[What you will do] Begin with the line that holds "Race 5: MULLINS". Output it and all remaining lines of the material, verbatim, ending with the last.

[Data for review]

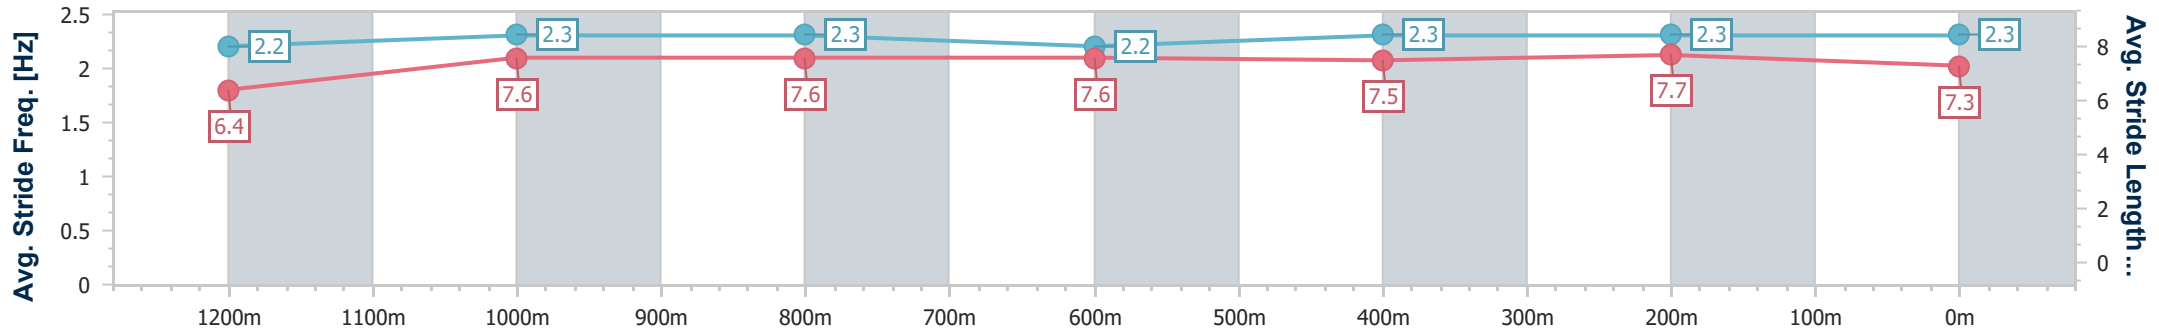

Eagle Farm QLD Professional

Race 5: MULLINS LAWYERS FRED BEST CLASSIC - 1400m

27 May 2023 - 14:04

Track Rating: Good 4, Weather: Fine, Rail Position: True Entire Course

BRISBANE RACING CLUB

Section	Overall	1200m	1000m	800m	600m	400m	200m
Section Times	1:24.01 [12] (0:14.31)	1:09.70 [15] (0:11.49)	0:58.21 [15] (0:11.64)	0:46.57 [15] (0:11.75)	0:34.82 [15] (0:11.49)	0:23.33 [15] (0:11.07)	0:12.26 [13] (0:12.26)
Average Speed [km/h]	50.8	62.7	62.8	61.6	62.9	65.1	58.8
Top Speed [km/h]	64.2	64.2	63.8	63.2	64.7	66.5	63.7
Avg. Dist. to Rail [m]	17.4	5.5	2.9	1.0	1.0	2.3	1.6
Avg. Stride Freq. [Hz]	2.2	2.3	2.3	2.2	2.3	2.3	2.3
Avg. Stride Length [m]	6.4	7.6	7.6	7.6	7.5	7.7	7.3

[Reply]
Race 5: MULLINS LAWYERS FRED BEST CLASSIC - 1400m

27 May 2023 - 14:04

Track Rating: Good 4, Weather: Fine, Rail Position: True Entire Course

BRISBANE RACING CLUB

Section	Overall	1200m	1000m	800m	600m	400m	200m
Section Times	1:24.01 [12] (0:14.31)	1:09.70 [15] (0:11.49)	0:58.21 [15] (0:11.64)	0:46.57 [15] (0:11.75)	0:34.82 [15] (0:11.49)	0:23.33 [15] (0:11.07)	0:12.26 [13] (0:12.26)
Average Speed [km/h]	50.8	62.7	62.8	61.6	62.9	65.1	58.8
Top Speed [km/h]	64.2	64.2	63.8	63.2	64.7	66.5	63.7
Avg. Dist. to Rail [m]	17.4	5.5	2.9	1.0	1.0	2.3	1.6
Avg. Stride Freq. [Hz]	2.2	2.3	2.3	2.2	2.3	2.3	2.3
Avg. Stride Length [m]	6.4	7.6	7.6	7.6	7.5	7.7	7.3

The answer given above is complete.